[Entries shown — start]
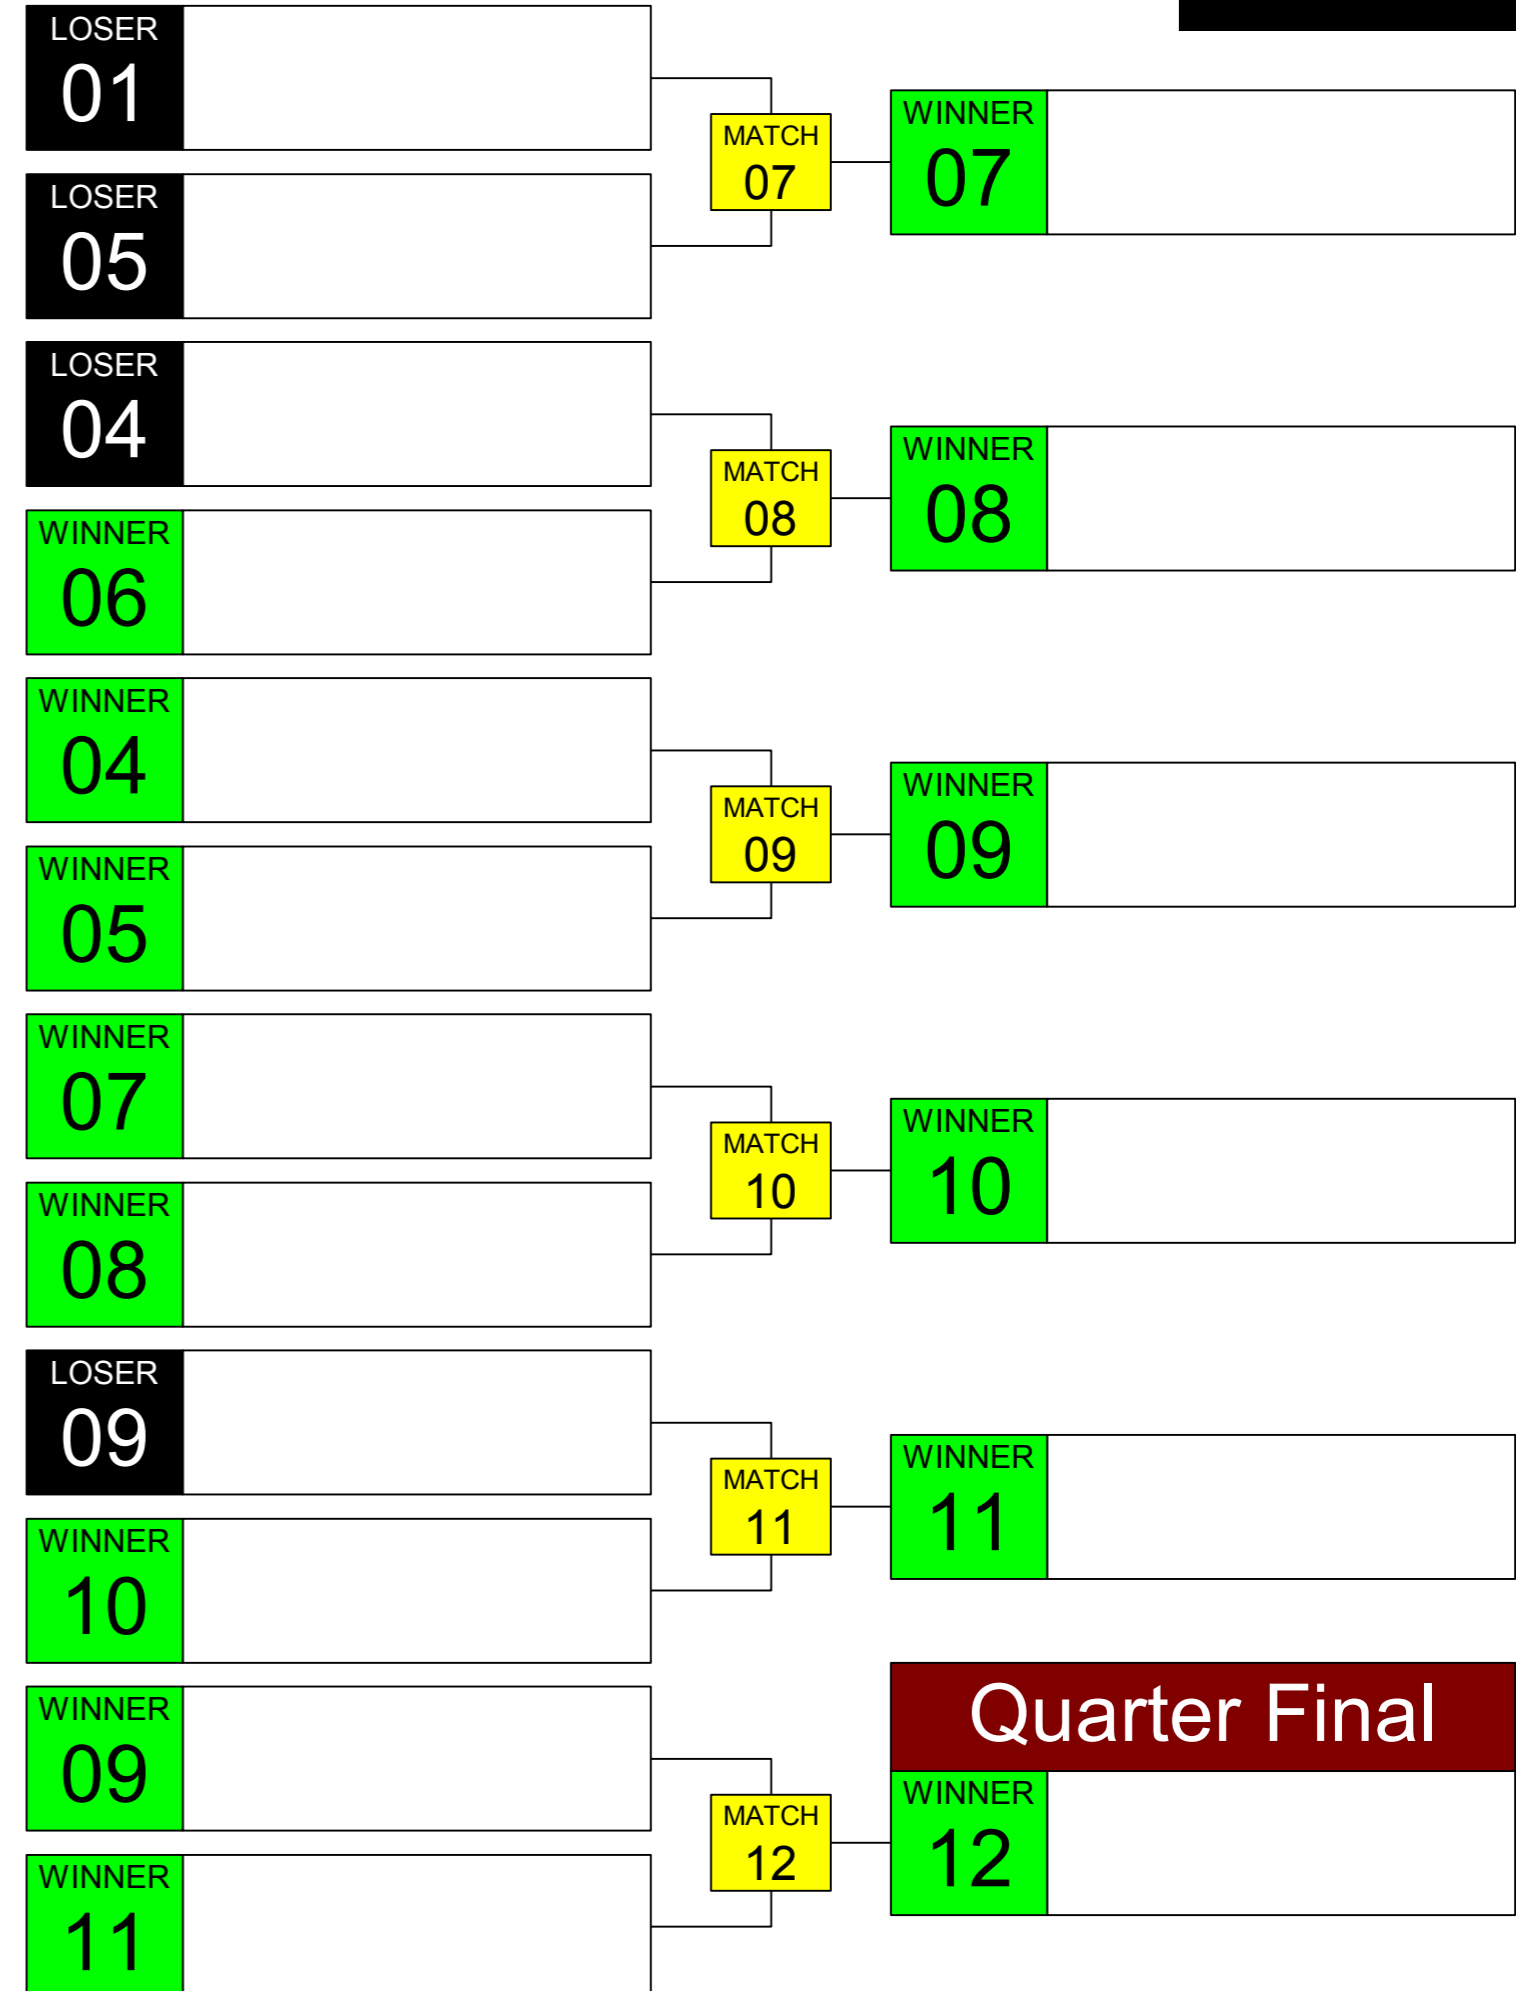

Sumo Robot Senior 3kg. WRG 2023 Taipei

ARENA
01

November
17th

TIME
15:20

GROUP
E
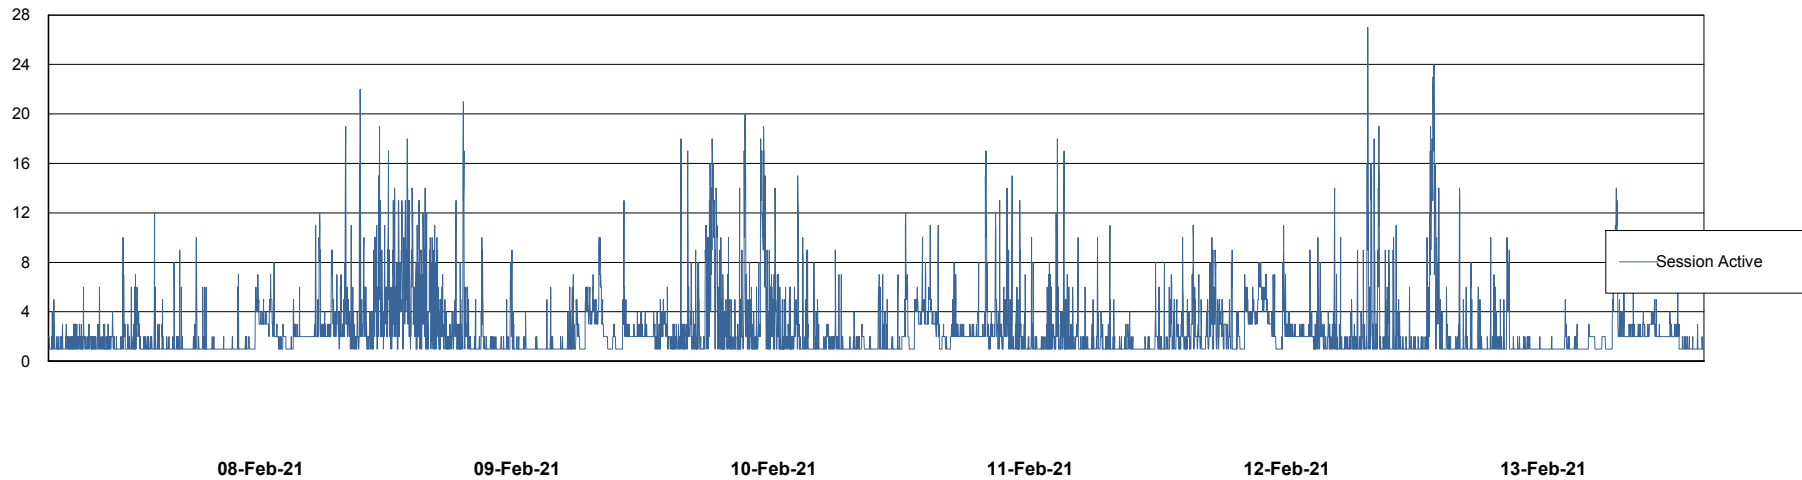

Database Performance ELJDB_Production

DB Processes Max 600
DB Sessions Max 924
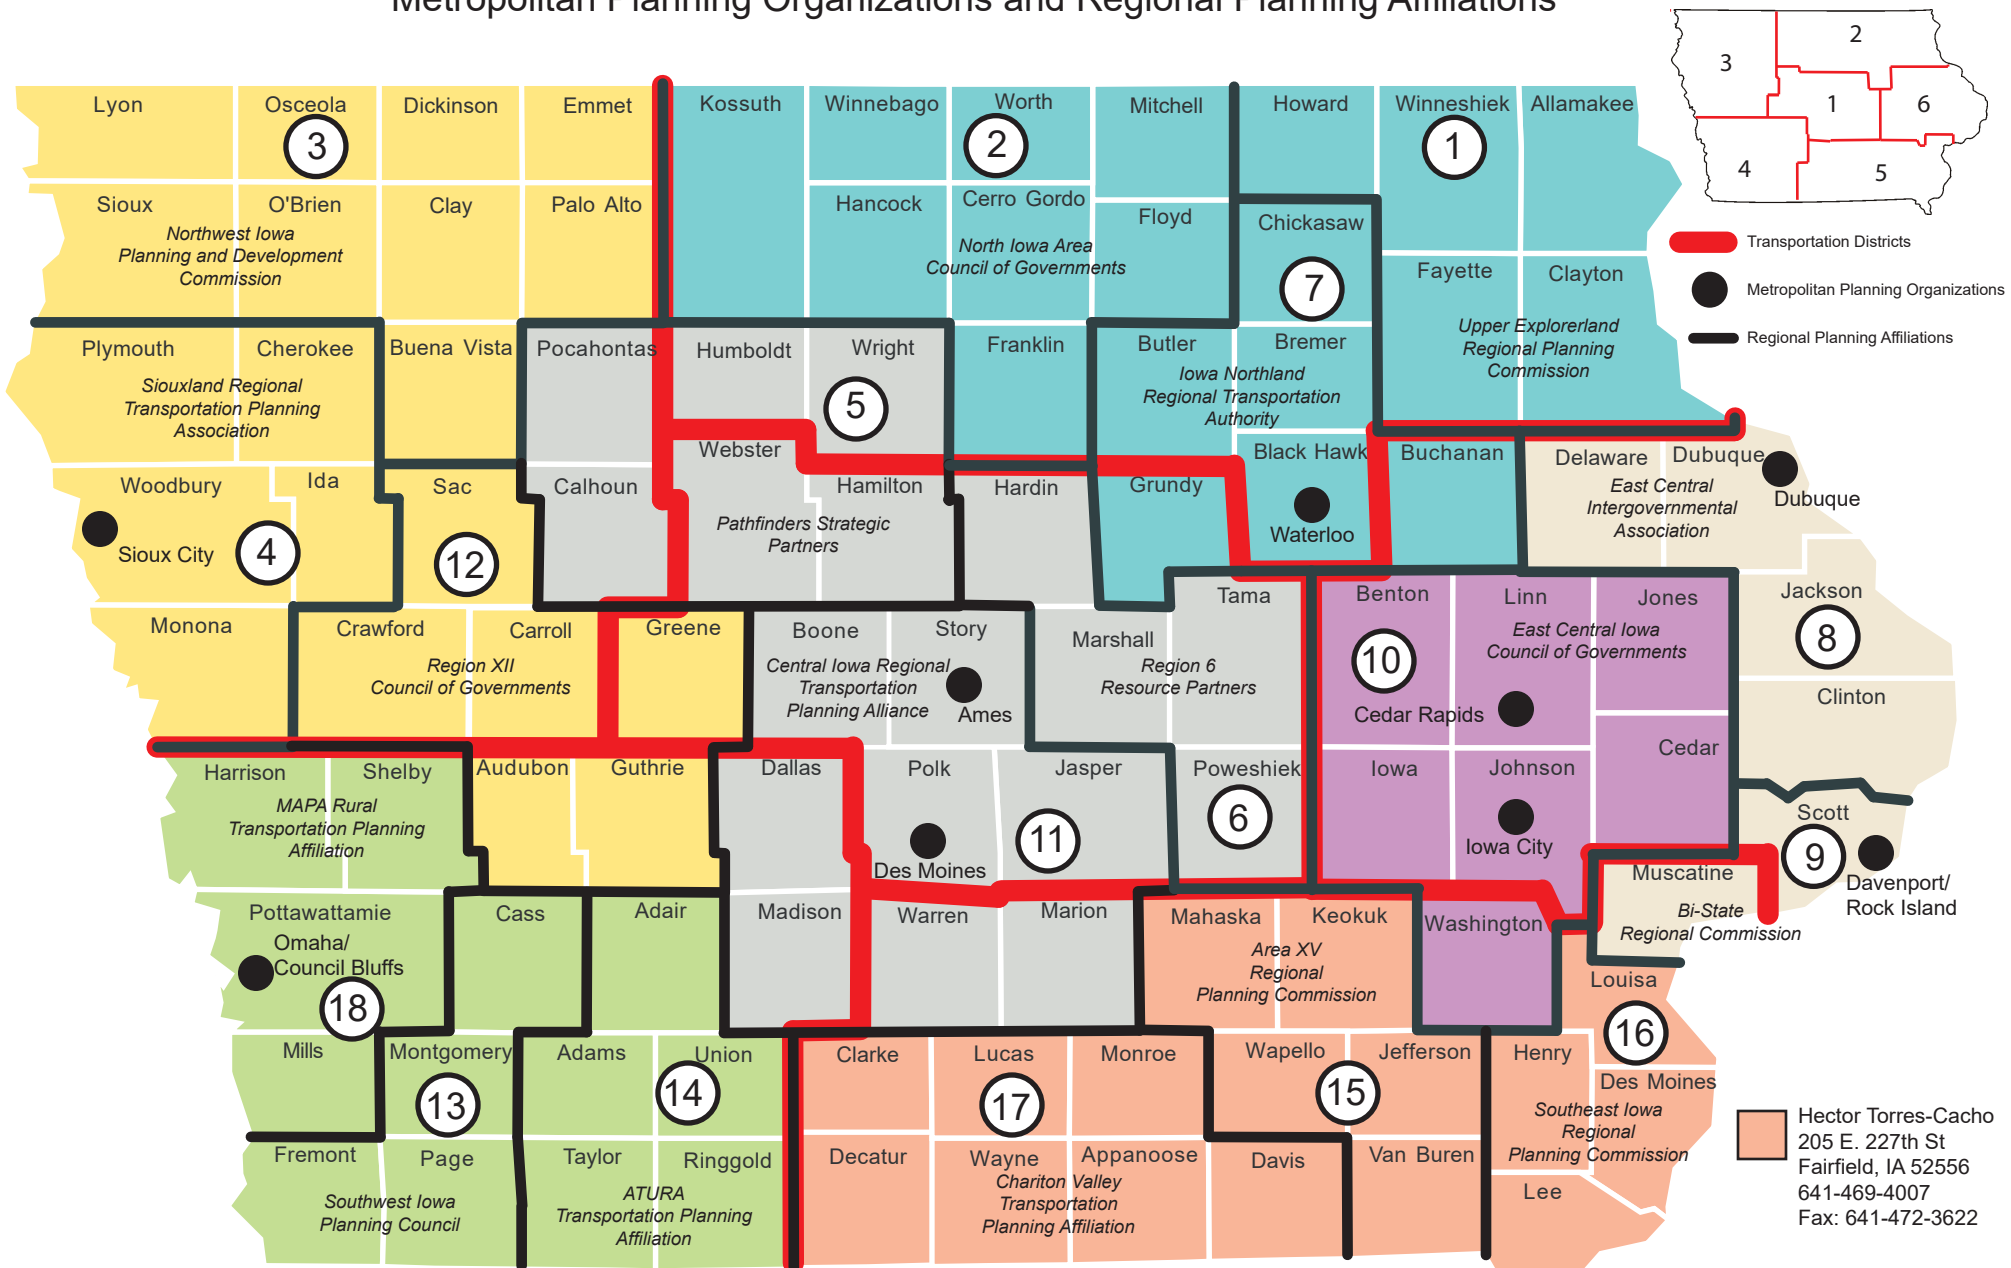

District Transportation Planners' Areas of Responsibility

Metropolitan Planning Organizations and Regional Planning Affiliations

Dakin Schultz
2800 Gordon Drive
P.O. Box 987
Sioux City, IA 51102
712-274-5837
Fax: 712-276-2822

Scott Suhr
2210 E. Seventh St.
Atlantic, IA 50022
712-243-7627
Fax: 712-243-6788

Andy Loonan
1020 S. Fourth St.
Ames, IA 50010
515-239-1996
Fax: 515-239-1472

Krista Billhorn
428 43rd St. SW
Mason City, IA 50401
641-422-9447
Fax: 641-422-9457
[Entries shown — finish]
* [Aim of the task]: Leave out the pictures, and retype exactly the lines from the one containing "DB Sessions Max 924" through the final line of the data.

* [Your response]:
DB Sessions Max 924

District Transportation Planners' Areas of Responsibility

Metropolitan Planning Organizations and Regional Planning Affiliations

Dakin Schultz
2800 Gordon Drive
P.O. Box 987
Sioux City, IA 51102
712-274-5837
Fax: 712-276-2822

Scott Suhr
2210 E. Seventh St.
Atlantic, IA 50022
712-243-7627
Fax: 712-243-6788

Andy Loonan
1020 S. Fourth St.
Ames, IA 50010
515-239-1996
Fax: 515-239-1472

Krista Billhorn
428 43rd St. SW
Mason City, IA 50401
641-422-9447
Fax: 641-422-9457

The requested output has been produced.